3

I have read that lz4 algorithm is very fast and has pretty good compression. But in my test app compressed text is larger than the source text. What is the problem?

srand(time(NULL));
std::string text;
for (int i = 0; i < 65535; ++i)
    text.push_back((char)(0 + rand() % 256));

cout << "Text size: " << text.size() << endl;

char *compressedData = new char[text.size() * 2];
int compressedSize = LZ4_compress(text.c_str(), text.size(), compressedData);

cout << "Compressed size: " << compressedSize << endl;

I also tried LZ4_compress, but result is the same. But if I generate string with same symbols or say with two different symbols, then compression is present.

wallyk
  • 56,922
  • 16
  • 83
  • 148
user2123079
  • 656
  • 8
  • 29
  • 7
    What do you expect from compression of random data not having patterns (your question is actually the answer) ? –  Aug 05 '15 at 17:43
  • Text size: 65535 Compressed size: 65793 – user2123079 Aug 05 '15 at 17:43
  • 3
    noise (== random data) is not compressible.
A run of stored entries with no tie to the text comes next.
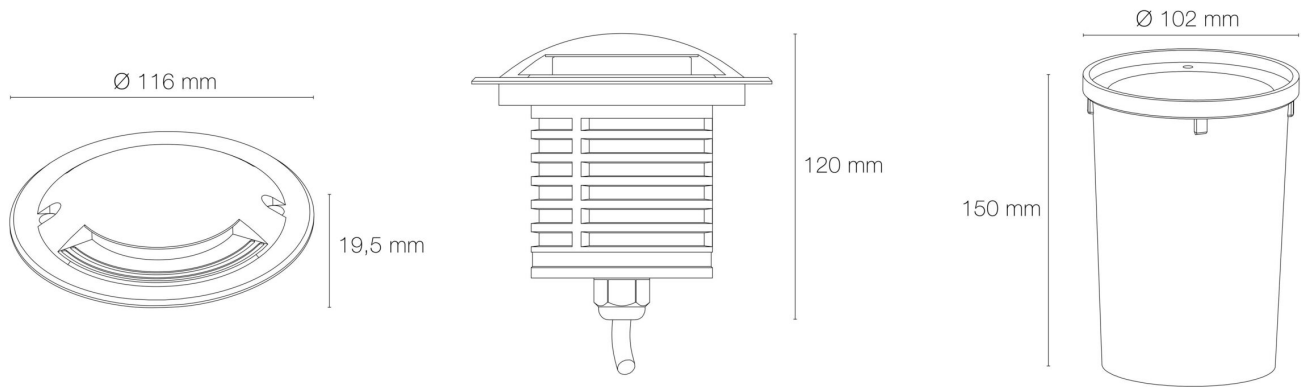

Hauteur du produit : 7.90 cm

Diamètre d'encastrement du produit : 96.00 mm

Hauteur/profondeur d'encastrement : 102.00 mm

Poids du produit : 1031.00 gr

CARACTÉRISTIQUES TECHNIQUES

Alimentation : 24VDC

Classe de protection : III

Type de câblage : H05RN-F 2x1mm²

Mode de pose/installation : encastré

Précaution(s) d'installation : Diamètre d'encastrement indiqué pour installation sans pot d'encastrement.

AUTRES INFORMATIONS

Classification marketing : PREMIUM

Durée de garantie : 60

Délai de livraison : 2 Jours

DIMENSIONS ET POIDS

Diamètre externe du produit : 116.00 mm

SCHÉMAS TECHNIQUES

ACCESSOIRES

- [Kit de fixation cloison sèche ZEPH/TITAN 2 et 3](#) (Référence : 4129)

It's a core property of a random source. For your test to be valid, you should better load some real text into your buffer. – Cyan Aug 05 '15 at 22:18

1 Answers1

5

Have a look at a description of the LZ4 algorithm. It references common substrings within the compressed text. It uses the already output text as a dictionary.

Random text or any other material without repeating sequences of any length will not compress well using it. For that plaintext, a bit compression algorithm will probably do better.

wallyk
  • 56,922
  • 16
  • 83
  • 148